Data below:

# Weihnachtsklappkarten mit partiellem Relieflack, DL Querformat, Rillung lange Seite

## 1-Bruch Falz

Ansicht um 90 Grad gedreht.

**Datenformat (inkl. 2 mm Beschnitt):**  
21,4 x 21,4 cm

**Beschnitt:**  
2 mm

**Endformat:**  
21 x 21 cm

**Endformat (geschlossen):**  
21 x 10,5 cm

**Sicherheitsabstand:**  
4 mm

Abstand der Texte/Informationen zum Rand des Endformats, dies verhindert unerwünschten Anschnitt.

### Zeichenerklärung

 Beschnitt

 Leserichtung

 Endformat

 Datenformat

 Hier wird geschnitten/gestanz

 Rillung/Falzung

End of Data.
Data below:

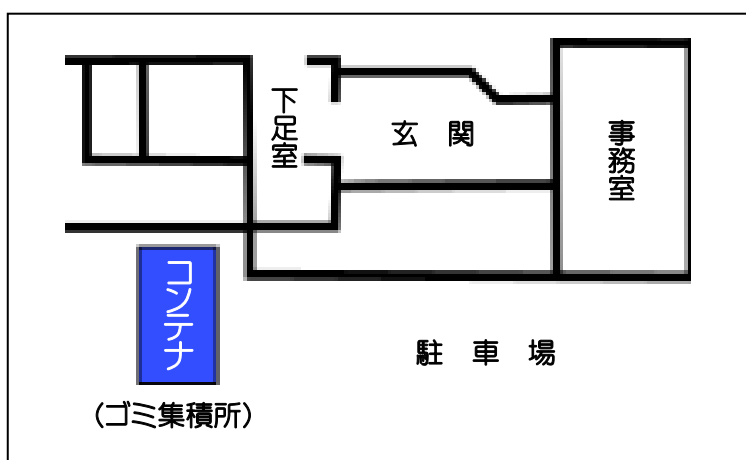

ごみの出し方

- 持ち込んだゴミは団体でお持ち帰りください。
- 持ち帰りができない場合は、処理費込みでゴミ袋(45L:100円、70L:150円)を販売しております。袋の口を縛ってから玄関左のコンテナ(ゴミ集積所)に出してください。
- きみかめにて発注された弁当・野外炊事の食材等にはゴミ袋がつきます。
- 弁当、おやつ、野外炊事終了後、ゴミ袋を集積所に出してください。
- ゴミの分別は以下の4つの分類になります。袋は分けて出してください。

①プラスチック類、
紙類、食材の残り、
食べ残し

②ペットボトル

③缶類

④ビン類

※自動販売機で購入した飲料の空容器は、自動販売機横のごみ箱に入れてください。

End of Data.

Considering only the material above, set down every line from the one with "21 x 10,5 cm" to the one with "Rillung/Falzung", inclusive, exactly as written.

21 x 10,5 cm

**Sicherheitsabstand:**  
4 mm

Abstand der Texte/Informationen zum Rand des Endformats, dies verhindert unerwünschten Anschnitt.

### Zeichenerklärung

 Beschnitt

 Leserichtung

 Endformat

 Datenformat

 Hier wird geschnitten/gestanz

 Rillung/Falzung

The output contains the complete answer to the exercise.